Barclays Files to Introduce Several New Exchange-Traded Notes
This week, Barclays announced plans to extend its iPath ETN lineup. ETNs trade similarly to exchange-traded funds but are actually debtlike instruments that promise to deliver the returns of an index after 30 years. (Click here to learn more.) Among the proposed new ETNs are several that track commodities indexes--such as AIG's Energy Total Return and Industrial Metals Total Return subindexes--as well as one that tracks the MSCI India Total Return Index.
Pioneer Small Cap Value Loses Two Managers and Two Analysts
Pioneer Small Cap Value managers David Adams and John McPherson resigned on Oct. 31, 2006. In addition, two analysts who worked closely with Adams and McPherson are also leaving the company.

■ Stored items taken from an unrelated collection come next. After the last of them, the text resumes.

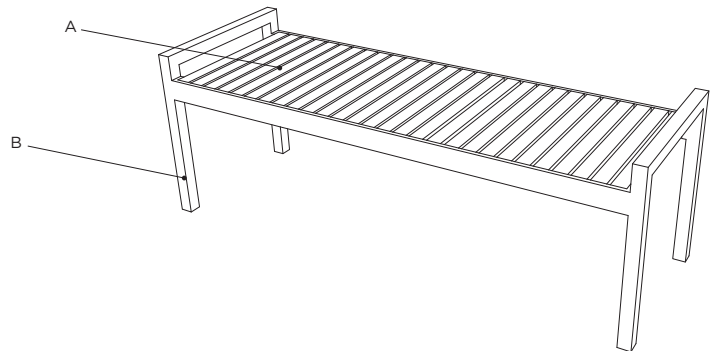

GIO

SPECIFICATION SHEET

The Gio outdoor series is a bolt down backless bench that can be used in a variety of outdoor spaces. It's made of a steel frame construction with outdoor composite materials making it a sturdy choice.

BENCH

MODEL #GIO

DIMENSIONS

Length: 42", 60", 72", or 96"

Depth: 20"

Seat Height: 18"

MATERIAL OPTIONS

See resources page for additional information.

(A) Seat

Composite (CP)

(B) Frame

Steel (S)

UPGRADE OPTIONS

Teak Wood (TW)

Other Request (OQ)

GET A QUOTE
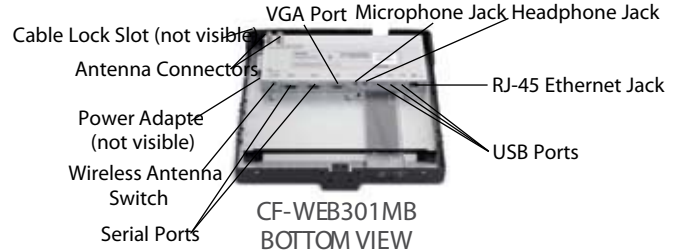

CF-WEB301MB
BOTTOM VIEW

TOUGHBOOKU1 VEHICLE DOCK (HAVIS)

DS.CFU1 (full connectivity), DS.CFU1.HGD (full connectivity with dual pass-through) & DS.CFU1.CDL (no electronics)

Adams and McPherson's departure is a real loss for shareholders of this small-blend offering. Since Adams became manager in May 2002, the fund delivered an annualized return of 11.2%, which bested its typical rival's 10.5% return. Pioneer has replaced Adams and McPherson with two less proven managers: Peter Wiley, who has a short record as manager of Pioneer Growth Opportunities , and Scott Zilora, a senior analyst and the only remaining member of Pioneer's small-cap equity team.
J.P. Morgan Involved in SEC Investigation of Bisys Kickbacks
The SEC's recently announced investigation of Bisys' relationships with 27 fund families includes J.P. Morgan Chase & Co. (JPM). The mega-bank announced last week it was contacted by the SEC regarding the former Bank One's administrative relationship with Bisys. (Bank One merged with J.P. Morgan in 2004.) Morningstar's Russ Kinnel weighed in on the alleged scandal, first reported by The Wall Street Journal, in this recent article. Bank One's One Group Funds used Bisys services up through October 2000, at which point Bank One terminated the relationship and moved back-office fund operations in-house. The SEC's investigation is ongoing, and it has yet to formally release the names of the 27 fund families included, but J.P. Morgan issued its own separate news release stating it had received a letter from the commission.
Tocqueville Merges Three Funds, Makes Distributions for Each
On Oct. 31, 2006, Tocqueville Asset Management completed a merger of three of its funds: Tocqueville Fund (TOCQX), Tocqueville Alexis , and Tocqueville Genesis . Tocqueville is keeping its self-titled fund, which gained about $85 million in combined assets from its siblings. This fund's newer, larger asset base--now roughly $400 million--should provide economies of scale for manager Robert Kleinschmidt, as well as a lower expense ratio of 1.25% for investors. In addition, shareholders shouldn't worry about a strategy change, as Kleinschmidt plans to stay the course and adjust his new portfolio holdings with the help of Alexis' former manager, Colin Ferenbach.
Prior to the merger, Tocqueville completed late-October distributions for each of the three funds, including Tocqueville Genesis' fairly significant short-term capital gain distribution of $1.30 per share, or about 13% of its shares' net asset value before the distribution. That's not too surprising, however, given the fund's fast-trading strategy and its exposure to small-cap stocks; investors of Tocqueville Genesis were already likely to receive a short-term distribution in December.
Disclosure: Morningstar licenses its indexes to certain ETF providers, including Barclays Global Investors (BGI) and First Trust, for use in exchange-traded funds. These ETFs are not sponsored, issued, or sold by Morningstar. Morningstar does not make any representation regarding the advisability of investing in ETFs that are based on Morningstar indexes.